Work instruction:
With the pictures left out, write every entry down exactly.

Records supplied:
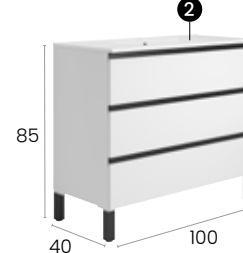

Malaga 100 R

Caractéristiques · Eigenschaften

Meuble Malaga 100 cm., prof. 39cm, sur pieds 3 tiroirs à fermeture silencieuse

Möbel Malaga 100 cm. (Tiefe 39 cm.) mit Füßen, 3 Schubladen mit geräuscharmen Selbsteinzugsmechanismus.

Finitions · Oberflächen

873MU00100	563MU00100	509MU00100	504MU00100
517MU00100	561MU00100	511MU00100	567MU00100
874MU00100	565MU00100	513MU00100	571MU00100
		506MU00100	569MU00100

PVP · UVP

Meuble · Möbel 461 €
Plan vasque · Waschtisch 269 €

Total · Summe 730 €

Answer section:
Malaga 100 R

Caractéristiques · Eigenschaften

Meuble Malaga 100 cm., prof. 39cm, sur pieds 3 tiroirs à fermeture silencieuse

Möbel Malaga 100 cm. (Tiefe 39 cm.) mit Füßen, 3 Schubladen mit geräuscharmen Selbsteinzugsmechanismus.

Finitions · Oberflächen

873MU00100	563MU00100	509MU00100	504MU00100
517MU00100	561MU00100	511MU00100	567MU00100
874MU00100	565MU00100	513MU00100	571MU00100
		506MU00100	569MU00100

PVP · UVP

Meuble · Möbel 461 €
Plan vasque · Waschtisch 269 €

Total · Summe 730 €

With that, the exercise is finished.